Top-k is your breadth knob. If answers feel shallow or miss edge cases, increase k from 3 to 5. If answers become rambly or contradictory, reduce k or add a simple reranker that scores “question-passage match” using an LLM in judge mode.

If the model still hallucinates, check your prompt rules. Make “abstain when unsure” explicit and visible. Also check retrieval quality: mismatched embeddings for queries vs. docs, missing normalization, or indexing the wrong text (e.g., including boilerplate) all degrade results.

Citations must be meaningful. Citing an entire document ID for a specific number is weak grounding. Encourage per-passage IDs and short quotes for critical facts like figures, dates, and thresholds.

⚠️ Pitfall: Letting the LLM both retrieve and answer in one shot often re-introduces memory-based guesses. Keep retrieval external and deterministic at first.


Mini exercise / lab

Goal: Compare naïve vs. retrieved answers and track faithfulness qualitatively.

Setup: Use the three coffee passages above as your entire corpus.
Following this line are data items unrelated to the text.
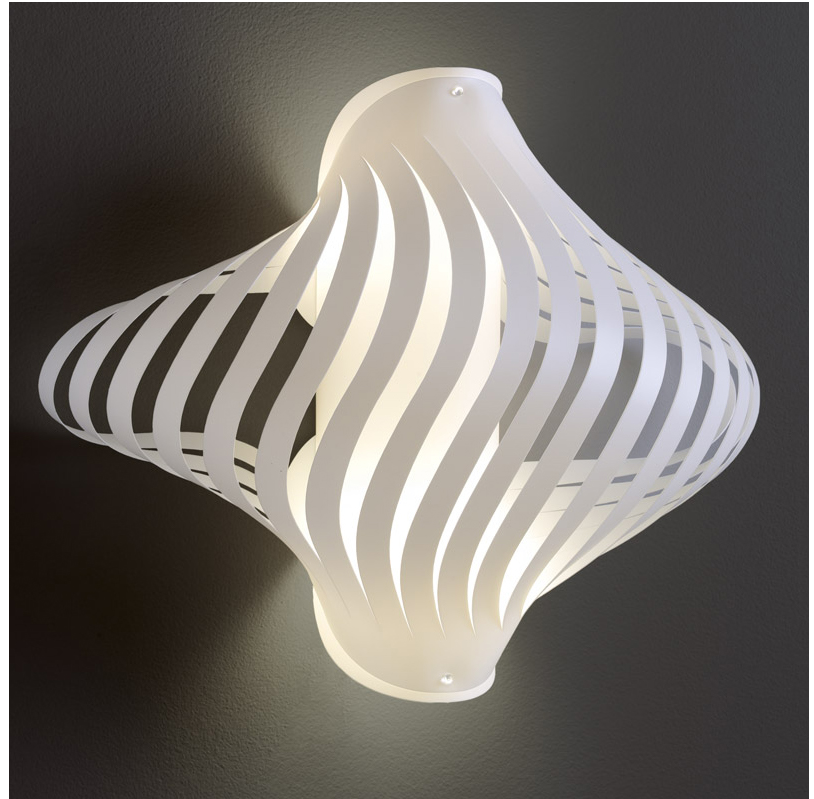

PROJECT
TYPE
SPECIFIER
QUANTITY
DATE

HELIOS SURFACE

D62026-

base number   Finish
Options

1. To build a product code in our configurator select the specify button on the base model # product page
2. To build a manual product code on this datasheet choose from the options listed below in blue font and add the suffix to the base model #

GENERAL

Series: Helios
Brand: Linea Zero
Division: Design
Mounting Type: Surface
Mounting Location: Ceiling
Subcategory: Ambient

PHYSICAL

Shape: Abstract
Length (mm): 520
Length (in): 20 1/2
Width (mm): 260
Width (in): 10 1/4
Height (mm): 420
Height (in): 16 9/16
Light Distribution: Downlight
Diffuser: Polilux™ Shade - See Finish Options
Fixture Finish: WHI / BLK / PBL / POR / PGN / COP / NGD / PKM / SIL
Fixture Material: Polilux™/ Metal holder

ELECTRICAL

Number of Lamps: 2
Lamp Type: LED Retrofit
Bulb Included: Bulb Not Included
Max. Wattage Per Lamp (W): 7
Lamp Base: E26
Input Voltage (V): 120
Upon Request: 277Vac / GU24

LED

OPTICAL

RATINGS AND CERTIFICATIONS

Certified By: Certified for North American Standards
IP rating: IP20

Ask two questions:

  1. “What brew ratio does the note suggest for pour-over?”

  2. “How long should I steep cold brew?”

Procedure: First, ask your LLM each question with no context. Save the answers. Then run the same questions through the RAG prompt with retrieved passages (k=2). For each answer, rate faithfulness on a 3-point, qualitative scale: Unsupported, Partially supported, Fully supported—and list the exact quoted lines that back each claim.
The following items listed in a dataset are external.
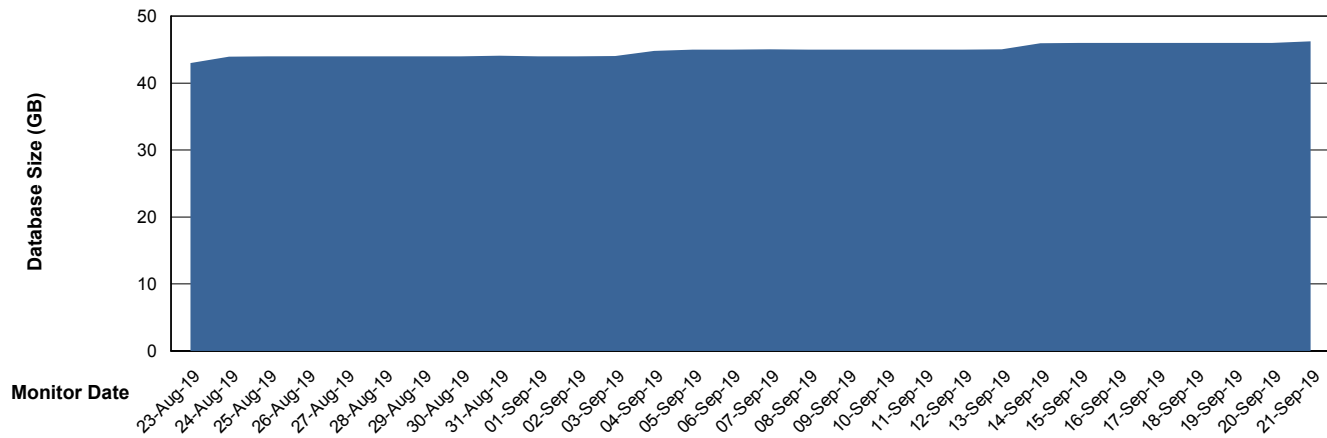

Weekly SLA Customer Report

Customer LSS_Prod (NO SLA)
Database ID 96

Database Performance LSS_ABSME2_DB_LIODA4

Weekly SLA Customer Report

Customer LSS_Prod (NO SLA)
Database ID 96

DATABASE SIZE LSS_ABSCH_DB_LIODA3

Database growth over last month

DATABASE SIZE LSS_ABSCH2_DB_LIODA3

Database growth over last month

Weekly SLA Customer Report

Customer LSS_Prod (NO SLA)
 Database ID 96

DATABASE SIZE LSS_ABSCH3_DB_LIODA3

Database growth over last month
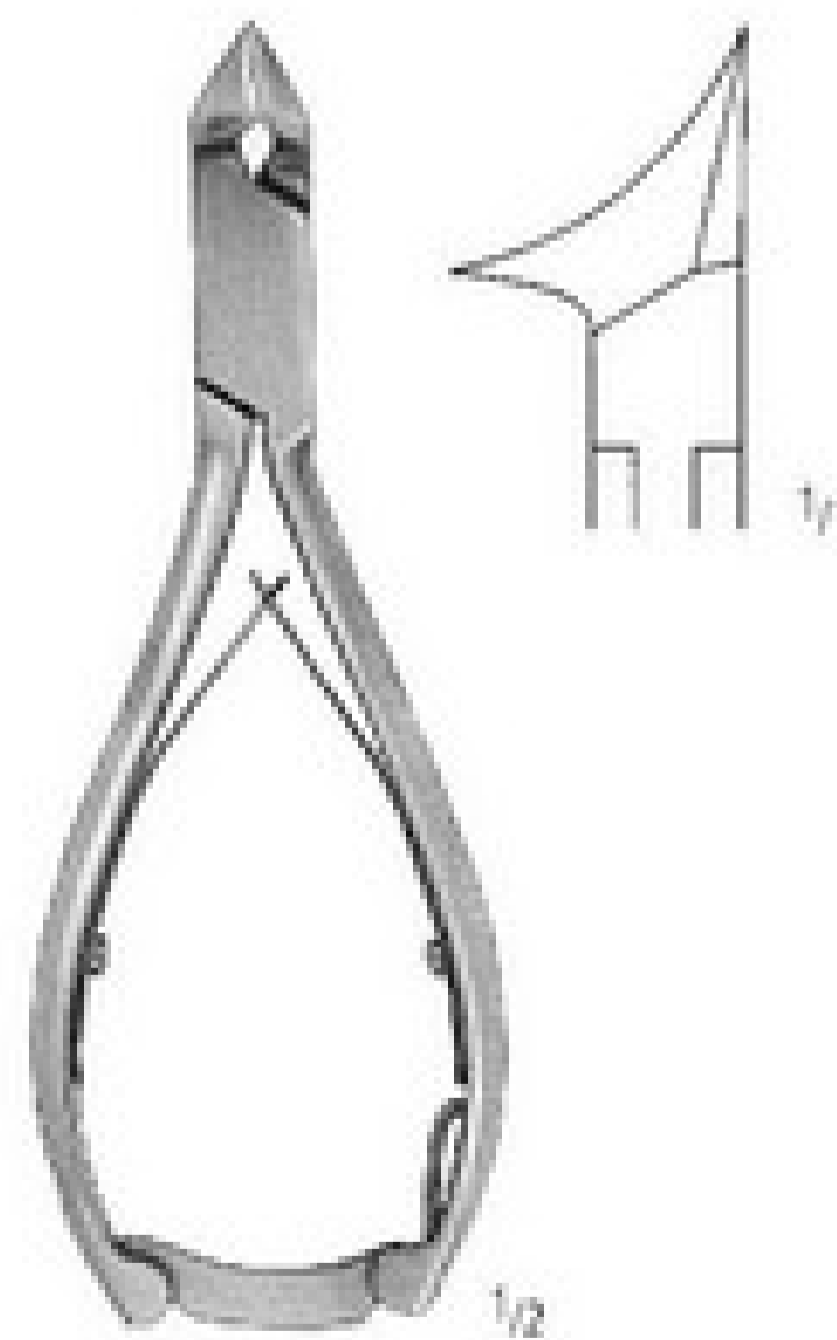

KU

nopa[®] instruments

Nagelzangen
Nail Nippers
Pinzas corta-ufias
Pincas à ongles
Tronchesine per unghie

KU 800/14
14,0 cm/5 1/2"

KU 802/14
14,0 cm/5 1/2"

KU 803/13
13,0 cm/5"

TURNBULL
11,5 cm/4 1/2" KU 804/11
13,0 cm/5" KU 804/13
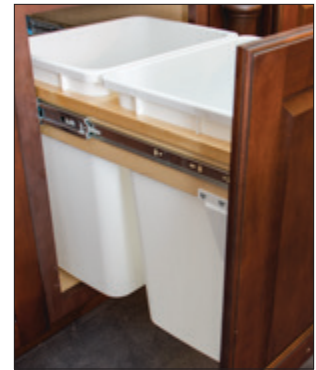

Wood Frame Side Mount

- Accuride full extension ball bearing slides
 - Door mounting bracket provides 6-way adjustment
 - Soft close
- Weight capacity: 100 lbs.

soft&silent)))

Single Waste Bin

- Fits 305 mm (12") opening
- With storage compartment

Material: Frame: Maple
Bins: Plastic; Color: white

Capacity	Height	Item No.
36 qts.	457 (18")	503.08.131
52 qts.	559 (22")	503.08.132

Supplied With
1 Bin

Double Waste Bins

- Fits 381 mm (15") and 457 mm (18") openings

Material: Frame: Maple
Bins: Plastic; Color: white

Capacity	Width	Height	Item No.
2 x 36 qts. (72 qts.)	378 (14 7/8") 455 (17 7/8")	457 (18")	503.08.142
2 x 52 qts. (104 qts.)	378 (14 7/8") 455 (17 7/8")		503.08.143
		559 (22")	503.08.145

Supplied With
2 Bins

Replacement Bin

Material: Plastic; Color: white

Capacity	W x D x H	Item No.
36 qts.	368 x 279 x 457 (14 1/2" x 11" x 18")	503.88.721
52 qts.	368 x 279 x 559 (14 1/2" x 11" x 22")	503.88.724
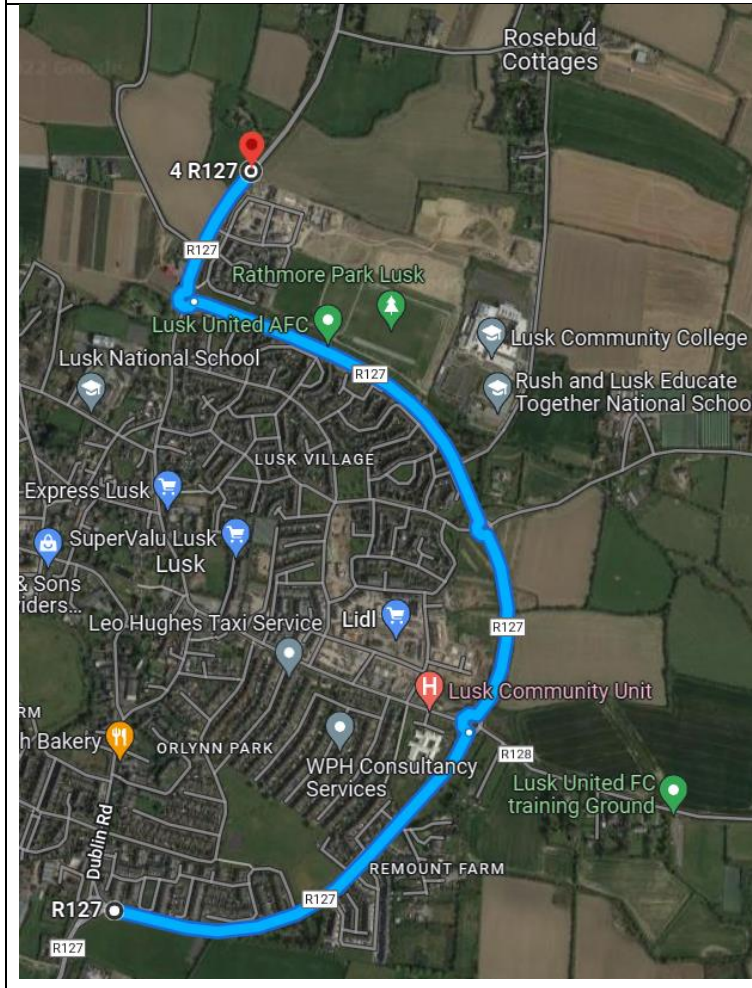

Dublin Athletics – Juvenile cross Country, League 1. Lusk.

Directions: Take Exit 4 from the M1 and follow the signs for Lusk/Skerries. As you enter Lusk, take the ring road to the right and head towards Skerries.

Map of venue

After leaving Lusk in the direction of Skerries, there is a right turn.
After about 200m, there will be a turn to the right, into a car-parking field.

Race field

Car park entrance

Please bring €2 for the car park.

1000m Blue loop.
400, 600 & 800 avoid
the extra loop.

400m start

600m start

1500m start
3500m start

1200m start

1000m start
2000m start
3000m start
Finish

800m start

Expected output snippet (for Q2):

json

Answer: Steep cold brew for 12–18 hours. [D3 p1] Support: "Cold brew uses room-temp water; steep 12–18 h." Faithfulness: Fully supported

💡 Insight: Even a tiny corpus surfaces the habit: cite first, write second. That habit carries over when your corpus grows.
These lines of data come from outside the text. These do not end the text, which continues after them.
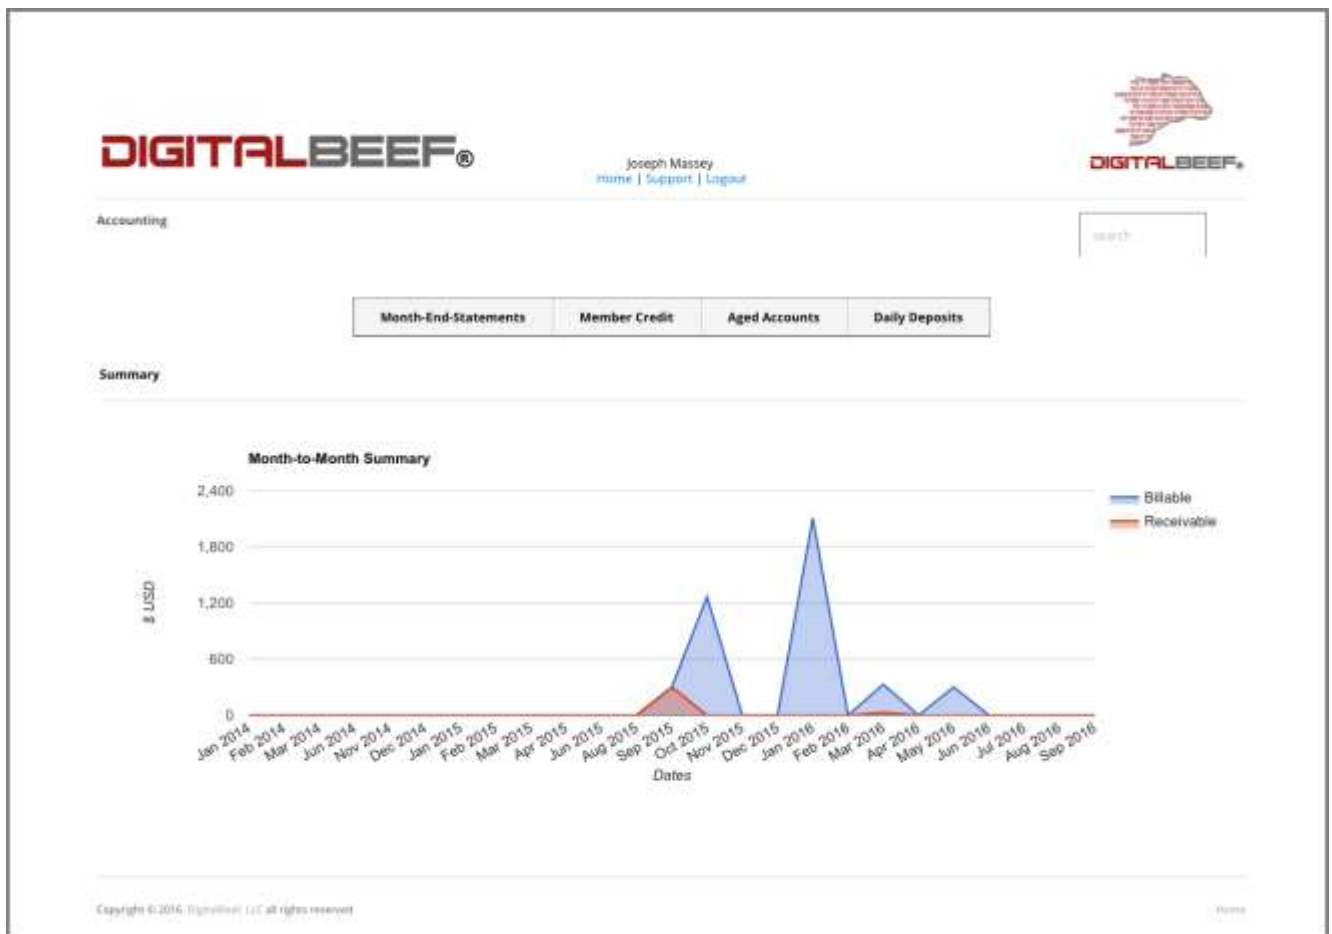

- EPD Mating Predictors.
- Report history for member reference

Accounting

- Produce invoices
- Track billing history
- Collect online payments
- Merchant interfacing
- Profit and loss statements
- Integrates with most accounting programs
- And more..
- •

How the LLM “connects” in practice

At tiny scale you don’t need heavy infrastructure. A script or low-code tool can handle the steps: load files, chunk, embed, store vectors locally, retrieve top-k, and compose the prompt. The LLM never “reads your folder” directly. It only sees the selected passages you pass in. That boundary is the safety rail: if the passages don’t support the claim, the model is instructed to abstain.

As you grow, you can swap the local index for a vector database, add a reranker stage, and log queries, retrieved IDs, and outputs for later review. The core contract remains the same: retrieval produces candidates; the prompt enforces grounding; the answer carries citations.


Summary & Conclusion

You learned the RAG pattern as a librarian-plus-writer loop: retrieve first, then generate with citations. For a tiny corpus, this is enough to improve accuracy without complex systems. You saw how chunking, embeddings, and a vector index feed a simple retriever, and how a grounded prompt keeps the LLM honest.

The main trade-offs live in chunk size and top-k. Too big or too many, and answers sprawl; too small or too few, and answers miss key details. Make abstention explicit and reward quotes for critical facts. When answers go off-track, fix retrieval quality before swapping models.

The lab asked you to compare naïve vs. retrieved answers and grade faithfulness qualitatively. That habit—reading the passage that “pays for” each claim—will guide your future iterations.

Next steps:

  • Add a one-line reranker that scores passage relevance with an LLM judge and compare outputs.

  • Log each run’s question, retrieved IDs, answer, and faithfulness rating; review ten examples to tune chunk size and k.

  • Expand your corpus to 10–20 documents and repeat the lab with two new questions that need synthesis, not just one number.